• [Problem details]:
Everything in the listing below should be repeated verbatim, apart from the pictures.

• [Data block]:

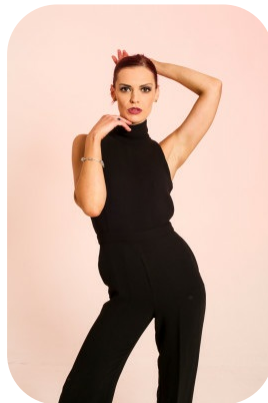

Additional Talents:

SWIM BIKE GYM FITNESS SING

SONG WRITING

• [Output]:
Additional Talents:

SWIM BIKE GYM FITNESS SING

SONG WRITING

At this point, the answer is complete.